[Raw data — start]
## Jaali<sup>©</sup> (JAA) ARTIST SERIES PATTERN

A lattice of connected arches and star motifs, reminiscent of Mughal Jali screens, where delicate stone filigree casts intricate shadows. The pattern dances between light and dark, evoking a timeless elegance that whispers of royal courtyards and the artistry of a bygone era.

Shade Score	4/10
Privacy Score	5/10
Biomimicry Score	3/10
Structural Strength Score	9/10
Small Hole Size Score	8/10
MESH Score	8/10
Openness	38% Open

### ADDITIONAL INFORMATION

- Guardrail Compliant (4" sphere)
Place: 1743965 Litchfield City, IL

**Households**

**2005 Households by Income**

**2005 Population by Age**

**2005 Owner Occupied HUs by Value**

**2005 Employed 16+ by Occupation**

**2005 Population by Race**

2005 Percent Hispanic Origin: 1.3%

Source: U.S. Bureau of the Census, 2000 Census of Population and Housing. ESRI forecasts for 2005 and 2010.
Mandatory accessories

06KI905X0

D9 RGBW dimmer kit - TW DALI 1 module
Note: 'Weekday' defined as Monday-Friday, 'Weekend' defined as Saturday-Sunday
[Raw data — finish]
[Raw data — start]
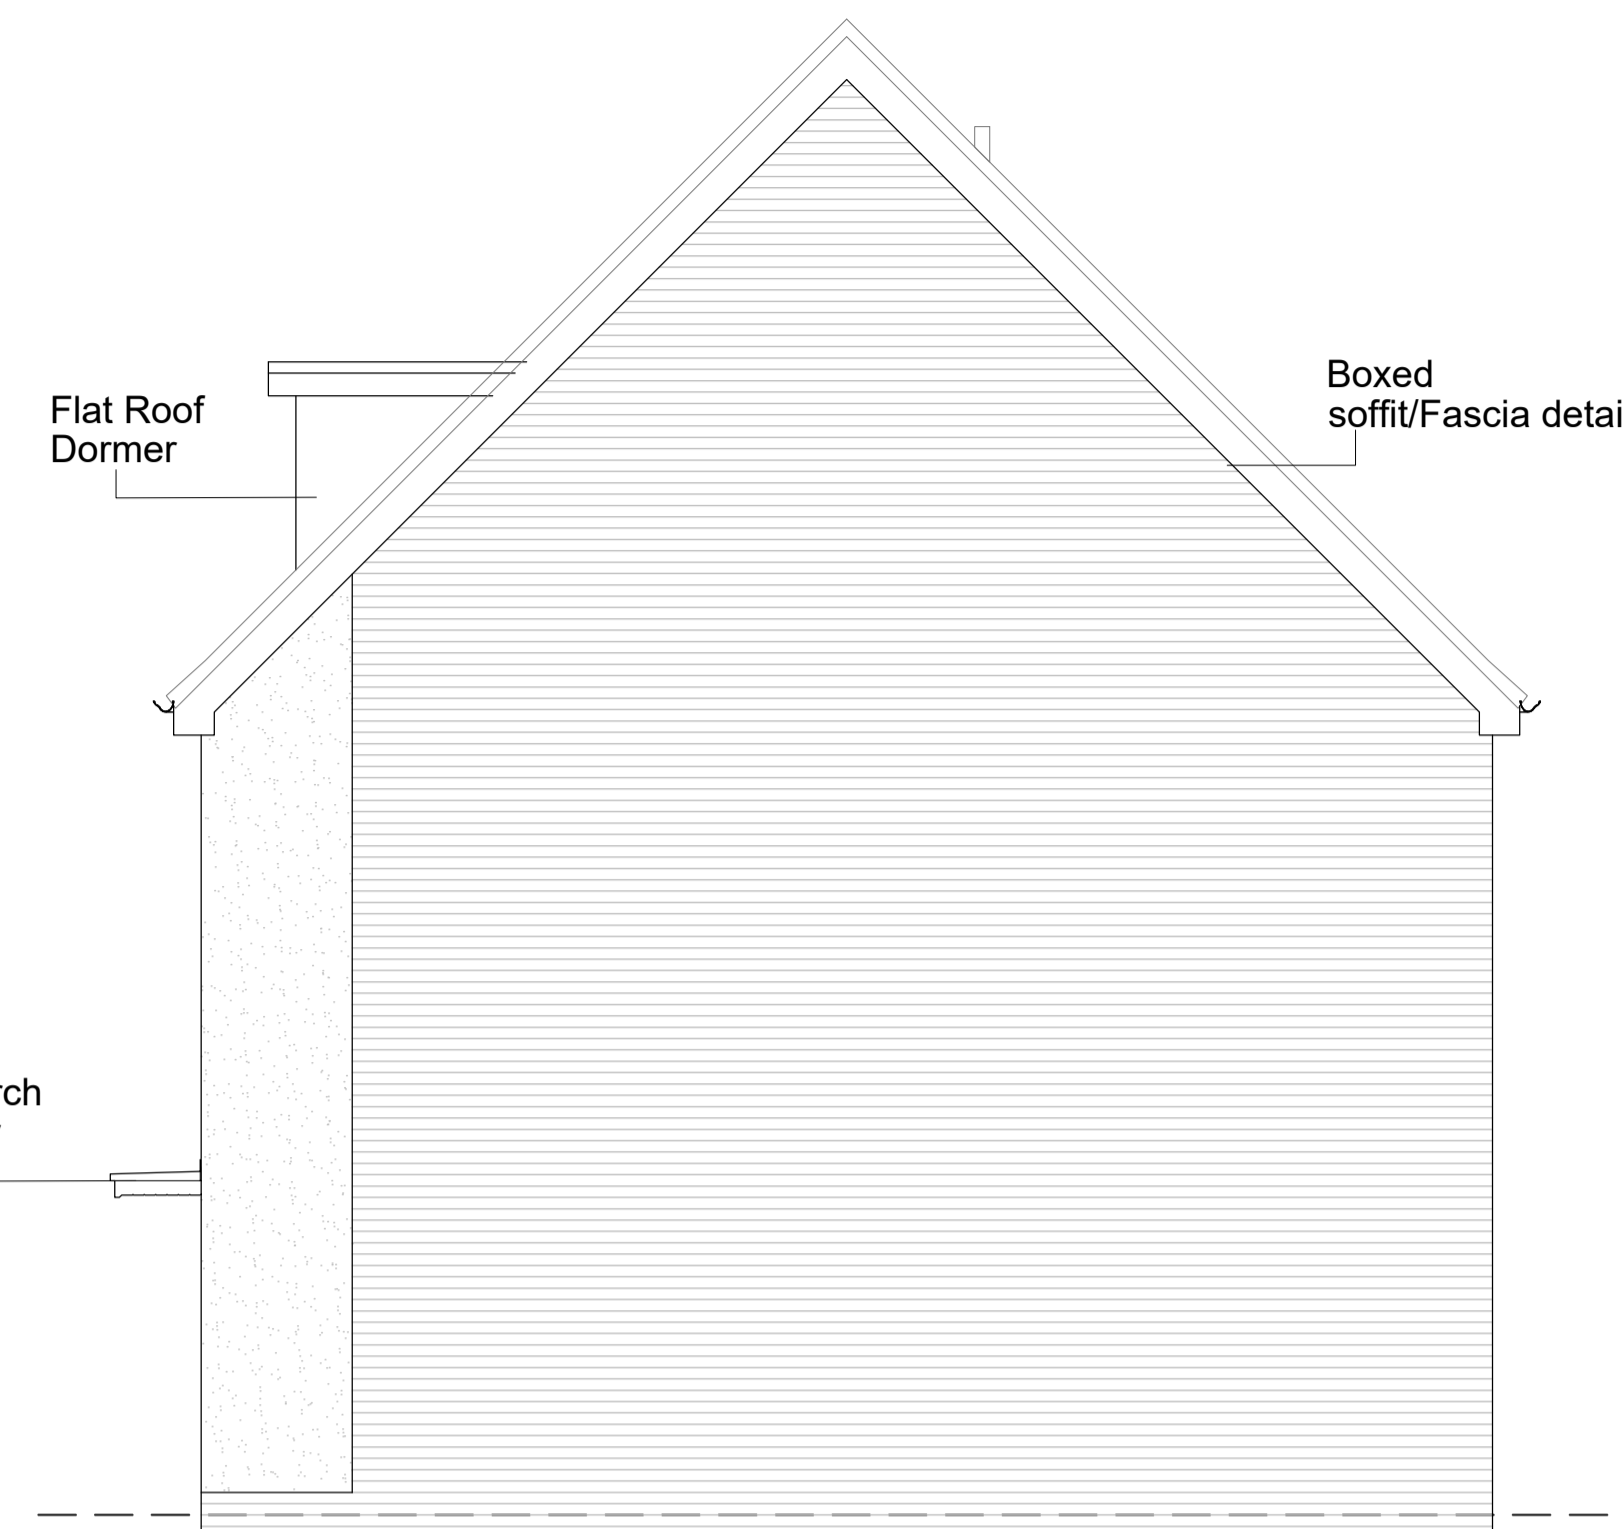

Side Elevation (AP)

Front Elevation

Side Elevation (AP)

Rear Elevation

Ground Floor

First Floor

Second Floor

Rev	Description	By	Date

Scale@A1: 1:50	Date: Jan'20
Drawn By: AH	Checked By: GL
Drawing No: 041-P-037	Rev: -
[Raw data — finish]
[Raw data — start]
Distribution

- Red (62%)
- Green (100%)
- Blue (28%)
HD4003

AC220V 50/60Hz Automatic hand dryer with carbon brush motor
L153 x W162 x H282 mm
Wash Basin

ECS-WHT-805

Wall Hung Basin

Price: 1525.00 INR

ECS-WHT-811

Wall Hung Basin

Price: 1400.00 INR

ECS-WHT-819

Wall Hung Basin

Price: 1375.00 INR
[Raw data — finish]
Assignment:
Reproduce exactly the lines above from the line with "Price: 1400.00 INR" to the line with "Price: 1375.00 INR", including both, and add nothing.

The answer:
Price: 1400.00 INR

ECS-WHT-819

Wall Hung Basin

Price: 1375.00 INR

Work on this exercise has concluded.